Net sales for the third quarter of the current fiscal year were
approximately $29,919,000, an increase of approximately $5,971,000 or
24.9% compared to the third quarter of the prior fiscal year. These
increases were attributable to intensive sales and marketing efforts by
the Registrant and a significant increase in wholesale revenues.
However, given the competitive climate in the long distance telephone
industry, there can be no assurance that this rate of growth will
continue throughout the remainder of fiscal year 1998.
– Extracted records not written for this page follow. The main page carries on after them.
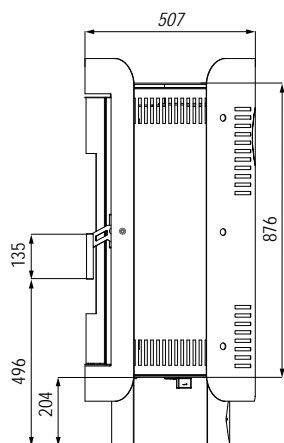

Kód: Q79

Cena:
40 005 Kč

Technické informace

Rozsah výkonu	3,6 - 10,8 kW
Energetická třída	A
Průměr hrdla odkouření	148 mm
Účinnost	75,5 %
CO emise 13% O₂	0,09 %
Teplota spalin	310 °C
Komínový tah	12±2 Pa
Vytápěný prostor	40–130 m²
Maximální délka polene	400 mm
Průměr hrdla přívodu vzduchu	125 mm
Záruka	5 let
Hmotnost	~175 kg

Popis krbových kamen

- obloukové prosklení
- možnost horního nebo zadního odkouření
- standardní provedení korpusu je v černé barvě
- centrální přívod vzduchu možno napojit ze zadní nebo spodní části kamen
- Multiflow - patentované řešení dodávání vzduchu pro spalování
- propracovaný systém oplachu skla
- Black line - sklo s černým potiskem
- topeniště z masivního akumulčního materiálu vyztužené speciálními ocelovými drátky
- roštové topeniště
- splňuje normy: Blmsch V Stufe2 a předpoklady programu Eko design

Volitelné příslušenství

Kód	Název	Cena
Q79KC	Černá keramika topeniště	6 171 Kč
Q79KLN	Nerez klika	1 170 Kč
Q79BB	Bílá barva korpusu	6 384 Kč
Q79BC	Červená barva korpusu	5 966 Kč
Q79BZ	Zlatá barva korpusu	5 966 Kč
Q79BS	Šedá barva korpusu	5 966 Kč
Q79BH	Hnědá barva korpusu	5 966 Kč
DEFRO sprej	Opravný sprej DEFRO satin black	325 Kč
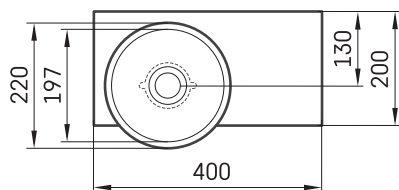

До с полкой

ТЕХНИЧЕСКАЯ ИНФОРМАЦИЯ

Размер: 400 x 200 мм, h = 178 мм

Вес: 9.5 кг

ТЕХНИЧЕСКИЕ ЧЕРТЕЖЫ

Ūnijas iela 12a,
Rīga, Latvija

Посмотреть продукт:
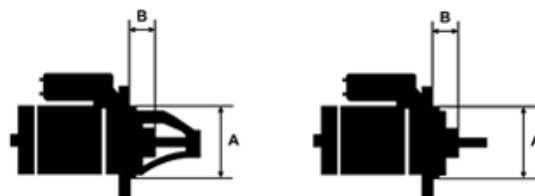

Data

AS index	S0033
Kategória	Štartéry
Výrobca	AS-PL
Náhrada za	Bosch

Vlastnosti produktu

Rozmer A [mm]	76
Rozmer B [mm]	53
Príkonnosť [kW]	1.1
Napätie [V]	12
Počet otvorov v hlavici	2
Počet zubov (zapadá do)	10
Otáčka štartéra	ACW

For the current fiscal nine months, the telephone service billed
approximately 646,673,000 minutes of calling as compared to
approximately 482,531,000 minutes of calling for the comparable nine
months of the prior year, an increase of approximately 164,142,000
minutes or 34.0%. For the third fiscal quarter of the current fiscal
year, the Registrant billed approximately 221,090,000 minutes of
calling as compared to approximately 195,716,000 minutes of calling for
the third quarter of the prior fiscal year, an increase of 25,374,000
minutes or 13.0%. The average revenue per minute decreased in the
current fiscal nine month period and third quarter of the current
fiscal year as compared to the prior fiscal year's nine month period
and prior fiscal year's third quarter, and was primarily attributable
to the intense price competition in the long distance
telecommunications industry and the lower per minute charge for carrier
sales (wholesale).
Cost of sales increased approximately $26,378,000 or 55.2% to
approximately $74,191,000 for the current nine months and increased
approximately $5,343,000 or 29.5% to approximately $23,478,000 for the
third quarter of the current fiscal year. Both of these increases were
unfavorable in relation to the 43.4% increase in the sales volume for
the nine month period and the 24.9% increase in the third quarter.
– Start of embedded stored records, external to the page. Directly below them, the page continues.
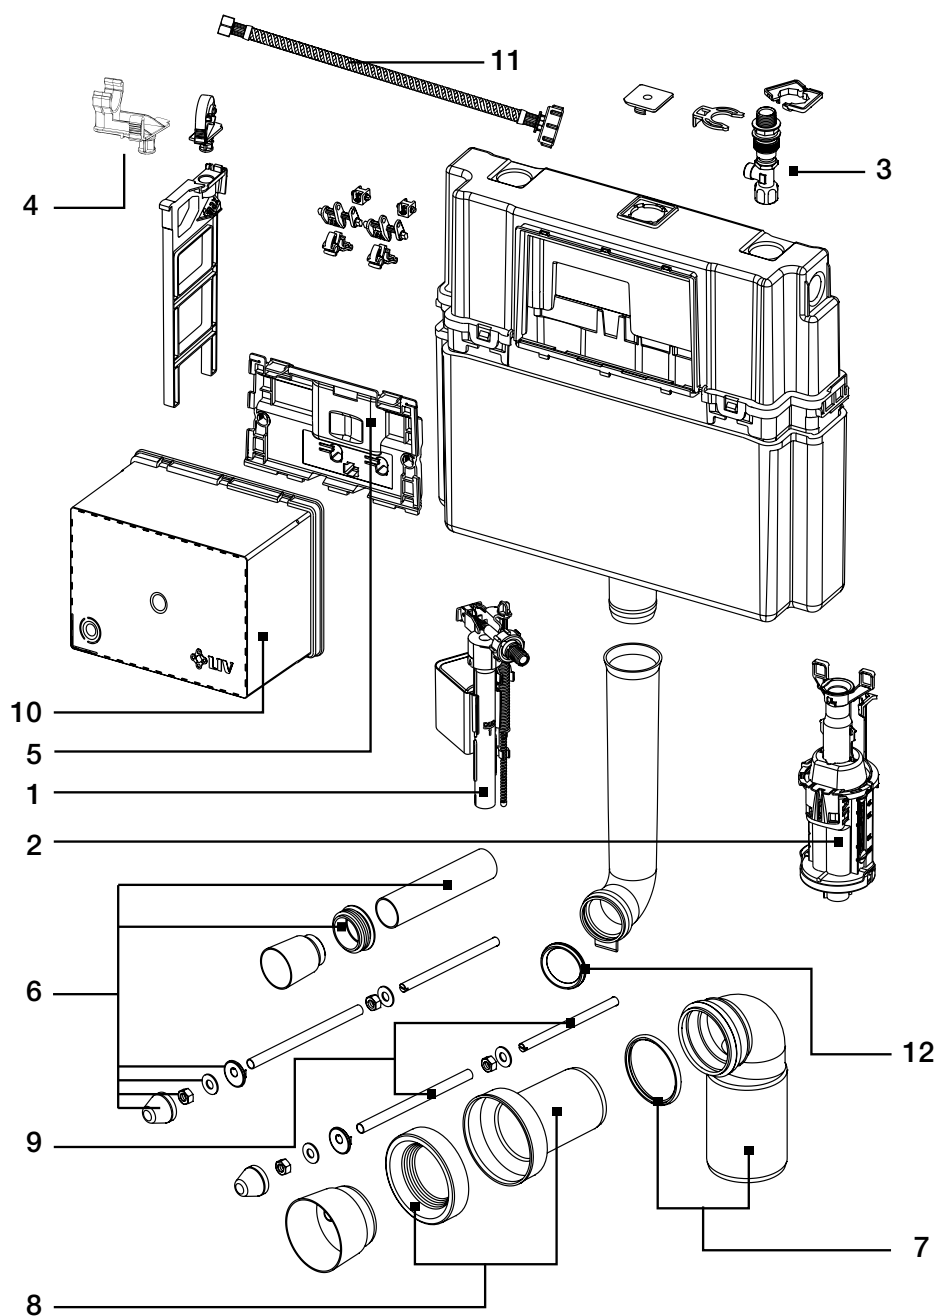

PODŽBUKNI WC VODOKOTLIĆ 7512 (HERKUL)

Opis	Br. artikla	EAN kod
1 Ventil za punjenje HDV, priključak od mesinga G 3/8	229109	3838912011916
1 Ventil za punjenje 747, priključak od mesinga G 3/8	747E-037-P20	3838912063502
2 Ventil za ispiranje Galileo s nosačem	229584	3838912013712
3 Kutni ventil	674879	3838912063267
4 Nosač ventila za punjenje	634527	3838912039200
5 Zaštitni poklopac s mehanizmom, vodokotlić 7512/7522	229583	3838912013705
6 Izljevna cijev Ø 44	195278	3838912115225
7 Koljeno Ø 110/90	195276	3838912115201
8 Izljevna cijev Ø 90 x 167 mm	195277	3838912115218
8 Izljevna cijev Ø 90 x 300 mm	195809	3838912154323
9 Navojne šipke i zaštitne cjevčice	195027	3838912001917
9 Navojne šipke i zaštitne cjevčice FIX	195026	3838912001900
10 Zaštita otvora za reviziju, vodokotlić 7512/7522	229582	3838912013620
11 Priključna cijevka	674919	3838912063427
12 Brtva koljena	229118	3838912012203
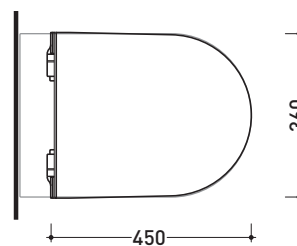

QKCW04

Coprivaso SLIM avvolgente in termoindurente con cerniere a sgancio rapido

Complementi: **Vaso Quick** (QK117)
Vaso Quick sospeso (QK118)
Vaso App / MiniApp sospeso (AP118 - AP119)
Vaso goclean** App / MiniApp sospeso** (AP118G - AP119G)
Vaso Quick monoblocco (QK116)

Dim. Imballo **47 x 39 x 7 cm** | Peso **2,9 kg** | Pz. Pallet n° -

CE

art. QK118
vista zenitale / zenital view

art. QK117
vista zenitale / zenital view

vista laterale / lateral view

vista laterale / lateral view

dimensioni in mm

TERMOINDURENTE: finiture lucide

bianco
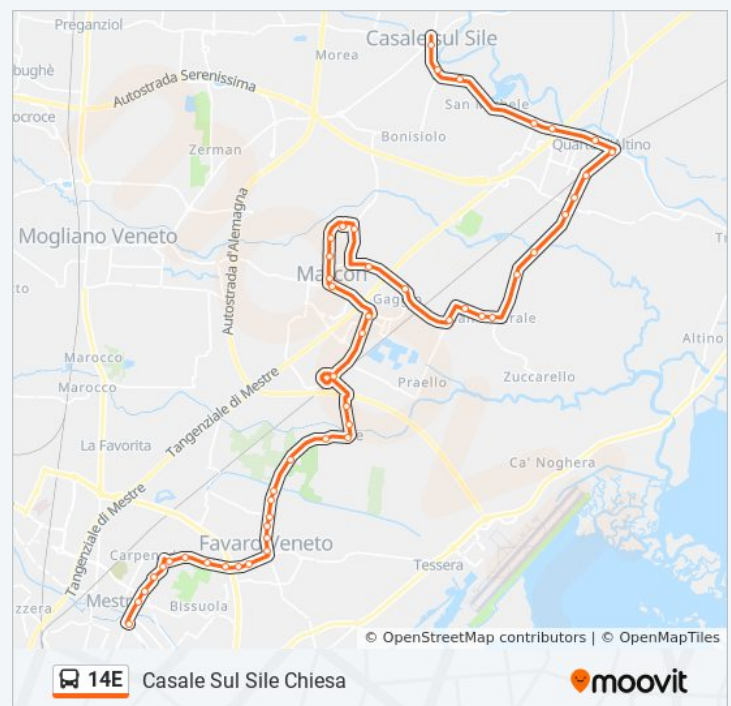

Informazioni sulla linea bus 14E

Direzione: Casale Sul Sile Chiesa

Fermate: 49

Durata del tragitto: 36 min

La linea in sintesi:

Marcon Perosi

Gaggio Cimitero

San Liberale Praello

While the Registrant was able to continue to negotiate lower line rates
from several of its major suppliers, the gross margin for the current
nine months decreased to approximately 19.7% as compared to
approximately 25.8% for the first nine months of the prior fiscal year,
and decreased to 21.5% from 24.3% for the third quarter of the current
fiscal year as compared to the third quarter of the prior fiscal year.
These decreases in the gross margins are reflective of the
substantial increase in wholesale revenues at substantially lower
margins and severe pricing pressure on retail revenues.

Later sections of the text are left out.